As already mentioned above the substation SX is in the active state 4 for 
which the input signals AC and SRO of the finite machine FSM are activated 
(1) and equal to 4 respectively. Because on the other hand DE=0, SB=0, MY=1 
and ND=1 it follows from the third line of the above table T2 that FSM then 
provides activated check and transmission request signals C=1 and R=1 which 
are applied to the cell assembly circuit CAC. Therein the check signal C=1 
gives rise to the creation of a check cell which is shown in FIG. 5c and 
wherein the information field is constituted by a series of bytes each 
equal to the own allocation status of SX stored in register MBY, i.e. 
EQU 010 . . . 0 
whilst the header contains a check VCI, i.e.

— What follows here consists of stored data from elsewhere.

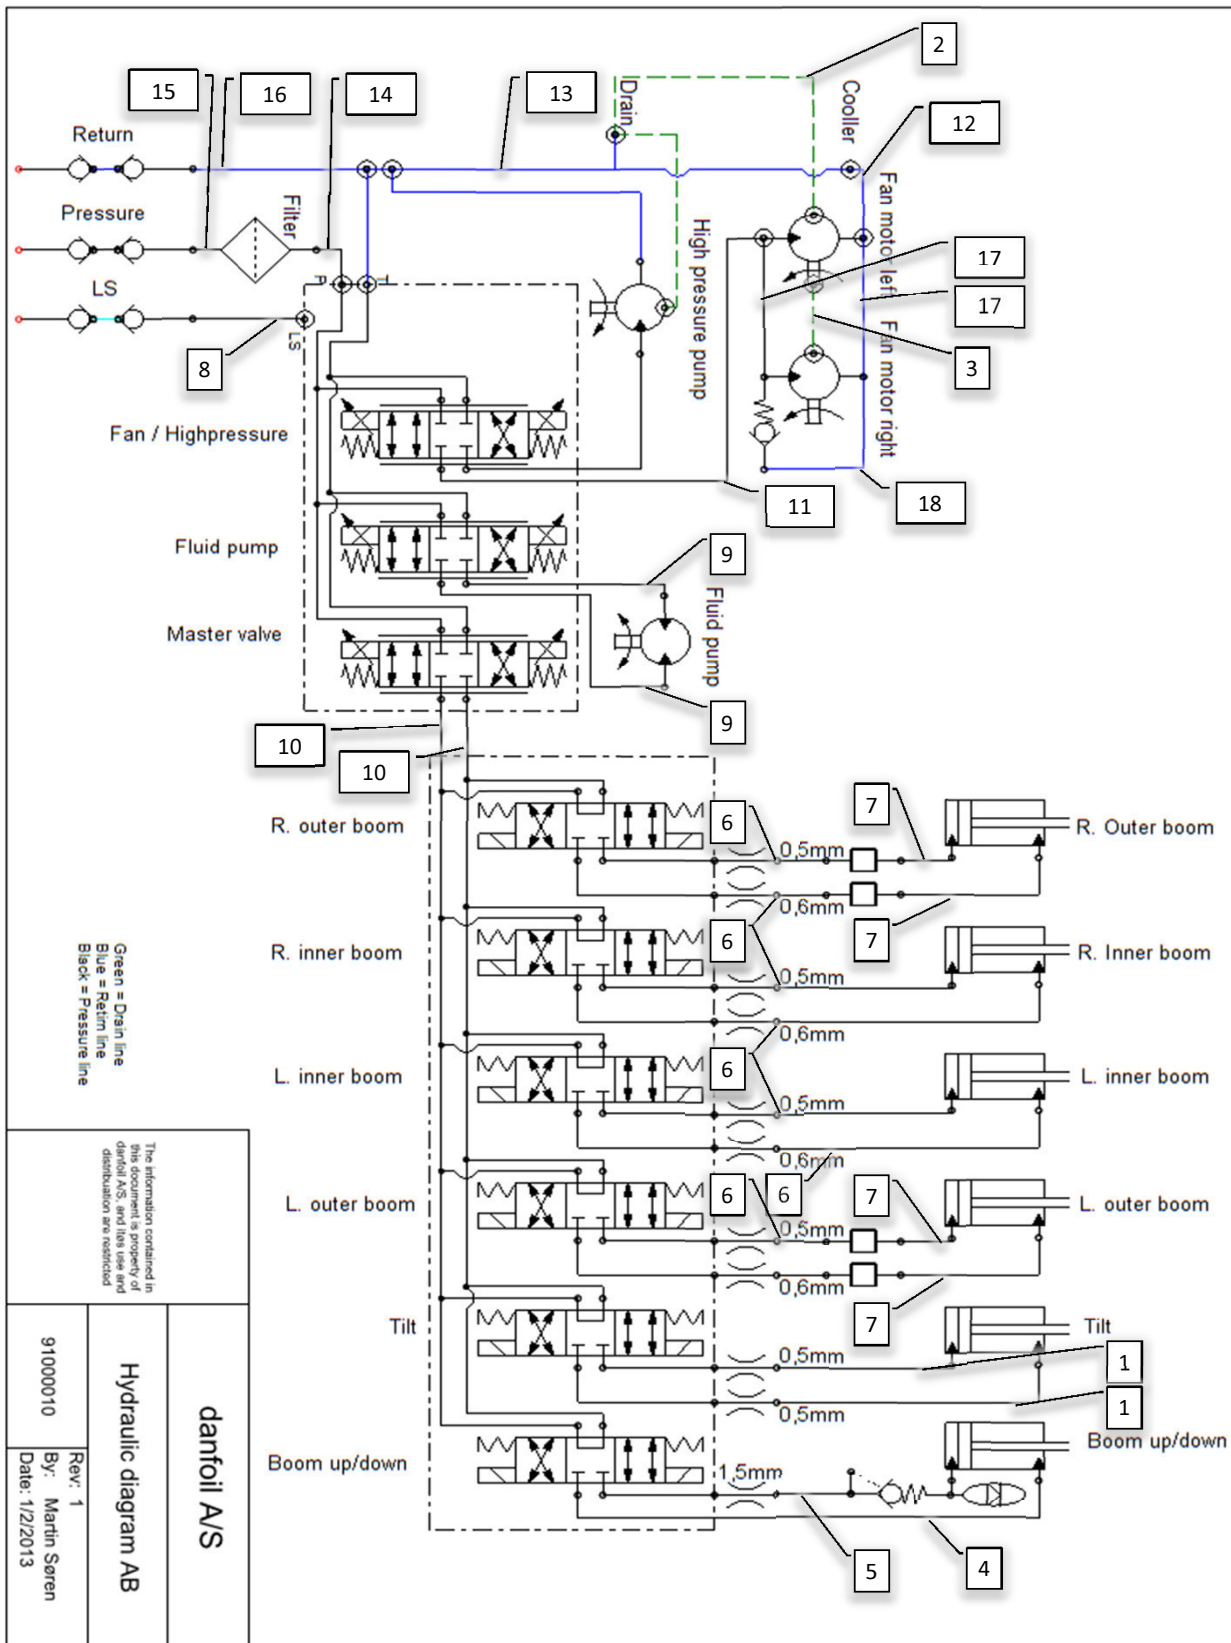

Pos	Psc	Number	Name	Price	Note
1	1	90515071	Hy slange 1/4' Tilt 4000 AB		
2	1	90515072	Hy slange 1/4'dræn 4100 AB		
3	1	90515073	Hy slange AB CCII 1/4'dræn 620mm		
4	1	90515074	Hy slange 1/4'lift 2200 AB		
5	1	90515075	Hy slange 1/4 lift 1100 AB		
6	1	90515076	Hy slange AB CCII 1/4'bom 4700mm		
7	1	90515170	Hy slange 1/4" bomslange AB inder 800		
8	1	90515077	Hy slange AB CCII 1/4' LS 1600mm		
9	1	90515078	Hy slange 3/8' væskep 2100 AB		
10	1	90515079	Hy slange AB 3/8'mellemsl 500mm		
11	1	90515080	Hy slange 1/2'blæser 3250 AB		
12	1	90515081	Hy slange 1/2'blæser 4200 AB		
13	1	90515082	Hy slange 5/8' retur 1600 AB		
14	1	90515083	Hy slange 5/8' filter 550 AB		
15	1	90515084	Hy slange 5/8' pumpe 1400 AB		
16	1	90515085	Hy slange 3/4'tank 1400 AB		
17	1	90515086	Hy slange AB CCII 1/2'motor 650mm		
18	1	90515087	Hy slange AB CCII 1/2' motor 550mm
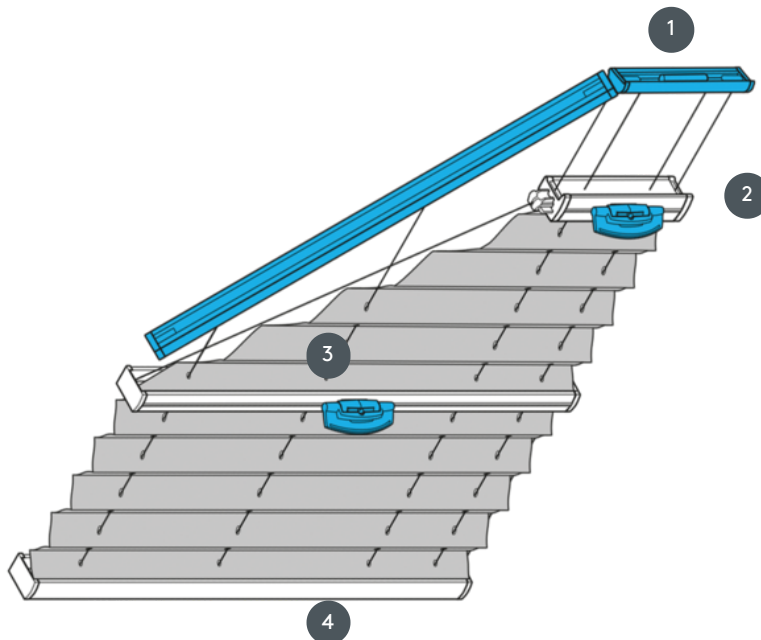

# GUBANJE PL20PLV5

PLV5 plisirana roleta za peterokotni stropni sistem s krmiljenjem ročajev. Fiksni napenjalni kabli, razdalja cca. 20 cm. Če ni drugače navedeno, je trapez na vrhu.

1 Fiksna zgornja tirnica (min. 11,6 cm)

2 FLEX plastični ročaj, zložljiv

3 FLEX plastični ročaj, zložljiv

4 Fiksna spodnja tirnica

## vrsta montaže

bodisi z vijaki ali z montažnim profilom

## min. /maks. masa

minimalna širina 40 cm/maks. širina 100 cm

minimalna višina 30 cm/maks. višina 250 cm
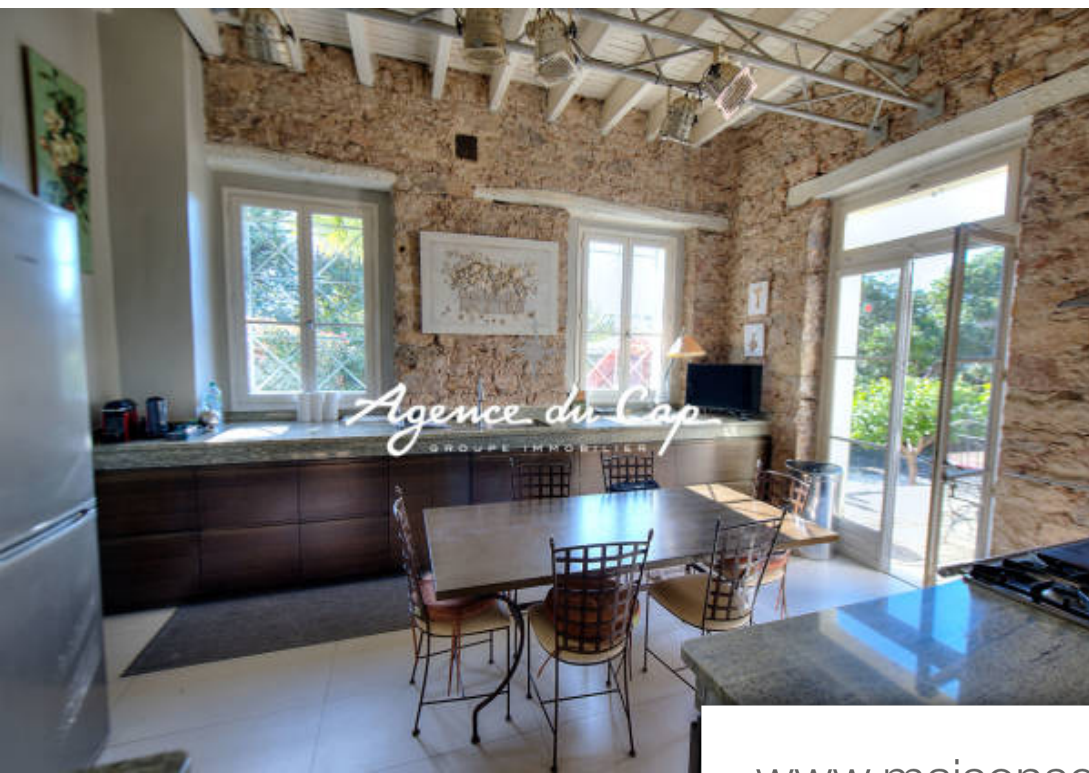

www.maisonsetappartements.fr
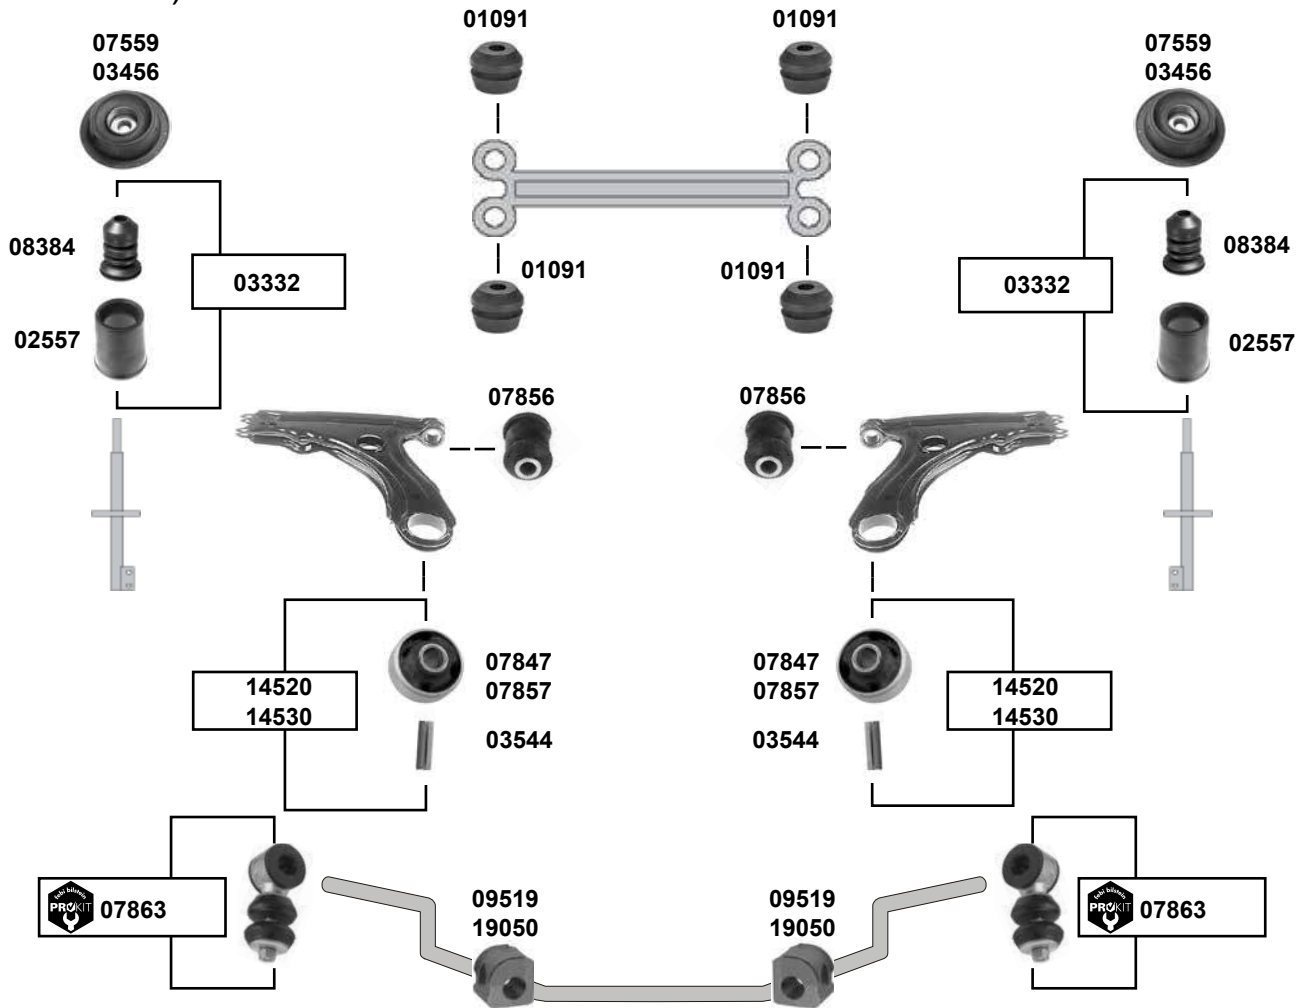

Jetta 2 Syncro

(1984 → 1992)

Rep Sätze / rep. kit

02556

	Ref. - No.			
01091	191 199 233	Motorträgerlager / engine mounting bush		Ø A 24 H39,5
02556	191 412 329 S1	Rep. Satz Federbeinstützlager / rep. kit suspension strut mount		
02557	357 412 135	Schutzkappe, Stoßdämpfer / protective cap, shock absorber		
03332	191 412 303 SP	Rep. Satz Anschlagpuffer / rep. kit buffer		
03456	357 412 329	Federbeinstützlager / suspension strut mount	1,8 16 V	Ø I 14
03544	191 407 190 A	Hülse / sleeve		50x17
07559	191 412 329	Federbeinstützlager / suspension strut mount		Ø I 14
07847	191 407 181 E	Querlenkerlager / control arm mount	NEW	17x60x41
07856	357 407 182	Querlenkerlager / control arm mount		12x33x54
07857	191 407 181 B	Querlenkerlager / control arm mount	OLD	17x60x41
07863	191 411 315 B S1	ProKit Verbindungsstange / connecting rod		
08384	357 412 303 E	Anschlagpuffer, Stoßdämpfer / buffer, shock absorber		Ø I 18,5 H 84
09519	191 411 314	Stabilisatorlager / stabilizer mount		Ø I 17
14520	191 407 181 B S1	Querlenkerlager / control arm mount	OLD	
14530	191 407 181 E S1	Querlenkerlager / control arm mount	NEW	
19050	1H0 411 314	Stabilisatorlager / stabilizer mount		Ø I 9

VC. 
It should be noted that the repitition of the bytes in the information 
field is done to have a sufficient number of transitions on the 
transmission link UL and to maintain the DC level thereon substantially 
contact. 
On the other hand in the circuit CAC the request signal R produces the 
insertion in the MAC field MF of this cell of the own allocation status 
code 
EQU 010 . . . 0 
thus requesting the main station to allow the transmission of a data cell 
stored in the data cell input register DIR. The data cell for which the 
request is made is then shifted into part WD of the register DIR so that 
the output WD thereof becomes activated (1). 
The substation SY transmits the check cell (FIG. 5c) generated on the 
folded upstream link UL via the converter PSC3 whose output is connected 
to UL via gating circuit GC7 (FIG. 1). 
Substation SY 
This station operates in a similar way as the station SX but since no new 
cell is available in the part ND of the register DIR, i.e. ND=0, only the 
check output signal C of the finite state machine FSM is activated, as 
follows from the second line of table T2. Therefore the check cell then 
generated is as shown in FIG. 5d, i.e. with an information field 
constituted by a series of bytes each equal to the own allocation status 
stored in the register MBY of SY: 
EQU 100 . . . 0 
The check VCI of this cell is equal to VC and its MAC field is equal to 
zero since no transmission request for a data cell is formulated therein. 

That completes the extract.